Cybercriminals are posing as legitimate medical organizations, non-profits or financial institutions to commit crimes.

Fraud likely goes all the way back to the start of civilization, but it’s never been as sophisticated and technology driven as it is today. Gone are the days where you receive an email from a stranger asking you to wire funds to them for an unforeseen emergency. Today, fraudsters do their homework to learn as much as they can about you.

Due to the significant amount of personal information that can be gathered online from social media platforms, compromised accounts due to weak passwords, and breached data sold on the dark web, fraudsters have personal information about you such as:

  • The stores you frequent
  • The bank or credit union you belong to
  • The subscription services you’ve signed up for

This means the phone call claiming to be your bank, your wireless carrier or your favorite retailer may actually be a fraudster.
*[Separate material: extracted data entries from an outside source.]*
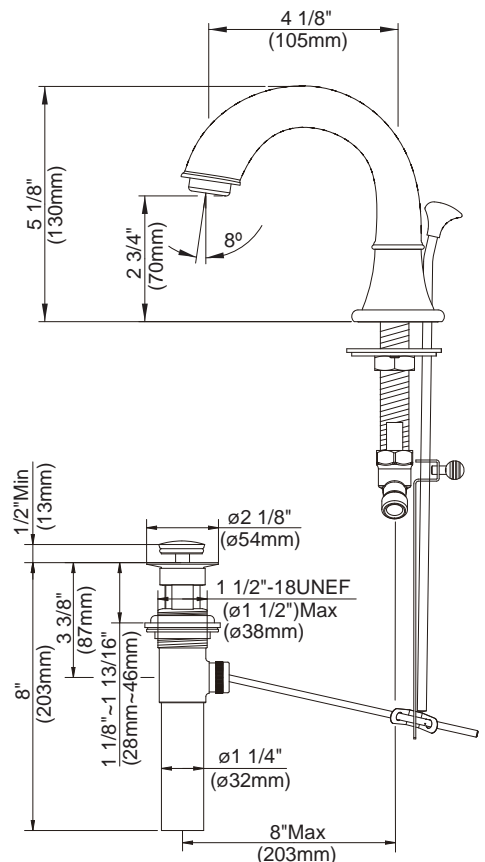

Warranty

Danze products are covered by a manufacturer's limited "lifetime" warranty for manufacturing defects.
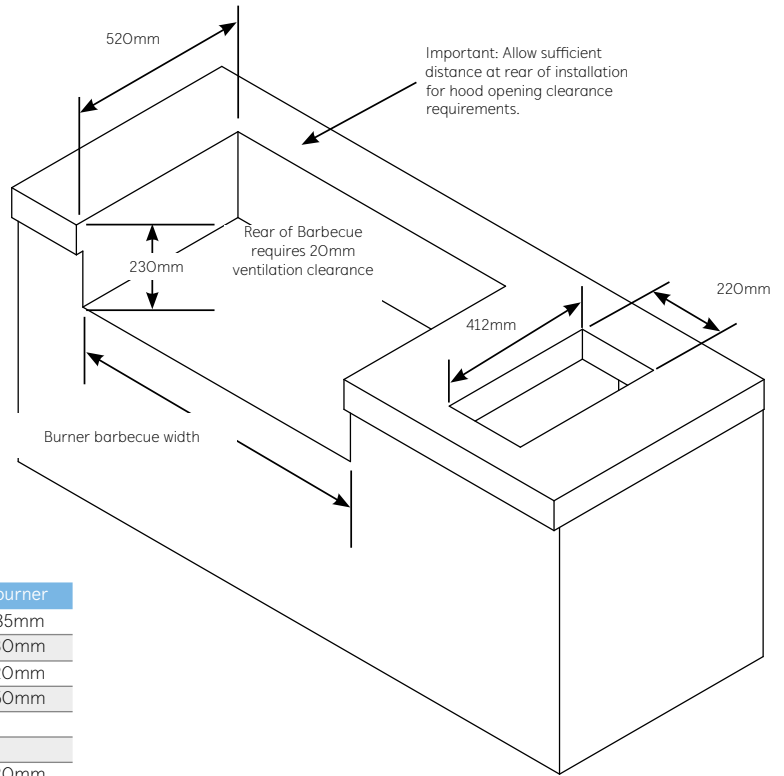

SIGNATURE SL BUILT-IN SERIES CUT OUT DIMENSIONS

For built-in installations: islands, masonry, other non-combustible material structures.

| Signature SL Built-In Barbecues | 4 burner | 5 burner |
|--|----------|----------|
| Width | 1190mm | 1345mm |
| Height | 270mm | 270mm |
| Depth (includes 20mm rear ventilation clearance) | 520mm | 520mm |
| Minimum clearance to combustible materials | 450mm | 450mm |

To suit models BS31560 and BS31550

Please note: Dimensions to be used as a guide only. All customers MUST refer to the user manual supplied with the product for detailed installation instructions.

SIGNATURE BUILT-IN SERIES CUT OUT DIMENSIONS

Most institutions including government agencies, do not call you directly on the phone so you should never share any personal or financial information with them unless you are the one initiating the call.

According to an announcement by the U.S. Secret Service, cybercriminals are also leveraging fear, curiosity and trust as communities respond to the spread of the coronavirus (COVID-19) by posing as legitimate medical or non-profit organizations to steal your sensitive information.
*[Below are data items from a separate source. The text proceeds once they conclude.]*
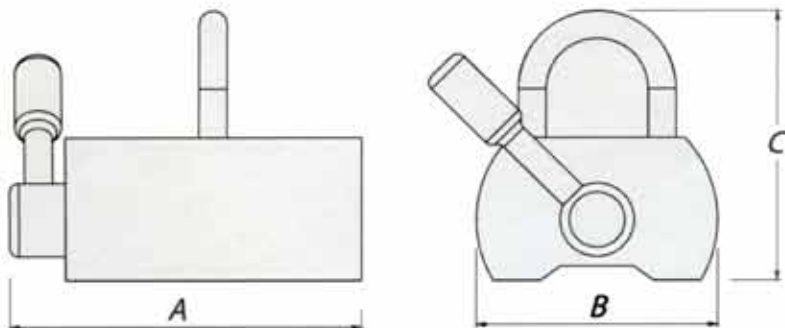

Four standard lifting magnet sizes are available from 250LB to 2000 LB Safe Working Loads.

Each unit must pass a series of stringent performance tests which exceed ASME guidelines and which are designed to provide utmost safety and ease of use to the operator.

The lever moves just 90 degrees from off-on and a "test" position midway allows the operator to undertake a trial lift on questionable loads.

DocMagnet Engineers can provide custom pole shoes for special applications.

MODEL & PART NUMBER	SAFE WORKING LOAD (LBS)		DIMENSIONS			WEIGHT (LBS)	PRICE
			Height "A"	Width "B"	Length "C"		
DM-PL-250	250	N/A	6.5"	5.25"	4"	10	\$ 380.00
DM-PL-500	500	250	6.5"	5.25"	6"	20	\$ 640.00
DM-PL-1000	1000	500	6.5"	5.25"	10"	38	\$ 860.00
DM-PL-2000	2000	1000	6.5"	5.25"	18"	73	\$1690.00

October 5, 2017-Image of a text message phishing scam.

A Phishing attack-began on October 5, 2017 at approximately 5:00pm where consumers are receiving text messages asking them to contact SCCU and provide their account information and security codes. This is not Sierra Central, please do not call the number back; just delete the message.

Phishing is an attempt by fraudsters to obtain account numbers, security codes and passwords from consumers. Phishing is not Hacking and you can learn more about Phishing on this page. The text messages are coming from 530-407-4441. An example of the text is shown to the right.


September 7, 2017-Equifax Breach

Equifax is one of three nationwide credit-reporting companies that track and rates the financial history of U.S. consumers. The companies are supplied with data about loans, loan payments and credit cards, as well as information on everything from child support payments, credit limits, missed rent and utilities payments, addresses and employer history, which all factor into credit scores.

Equifax says a giant cybersecurity breach compromised the personal information of as many as 143 million Americans — almost half the country.

Cyber criminals have accessed sensitive information — including names, social security numbers, birth dates, addresses, and the numbers of some driver’s licenses.

Additionally, Equifax said that credit card numbers for about 209,000 U.S. customers were exposed, as was “personal identifying information” on roughly 182,000 U.S. customers involved in credit report disputes. Residents in the U.K. and Canada were also impacted.

The breach occurred between mid-May and July, Equifax said. The company said it discovered the hack on July 29.

The data breach is one of the worst ever, by its reach and by the kind of information exposed to the public.

“This is clearly a disappointing event for our company, and one that strikes at the heart of who we are and what we do,” said Equifax chairman and CEO Richard F. Smith.

Unlike other data breaches, not all of the people affected by the Equifax breach may be aware that they’re customers of the company. Equifax gets its data from credit card companies, banks, retailers, and lenders who report on the credit activity of individuals to credit reporting agencies, as well as by purchasing public records.

Equifax is mailed notices to people whose credit cards or dispute documents were affected.

It also says that consumers can check to see if they’ve potentially been impacted by submitting their name and the last six digits of their social security number. Users are given a date when they will be enrolled in free identity theft protection and credit file monitoring services.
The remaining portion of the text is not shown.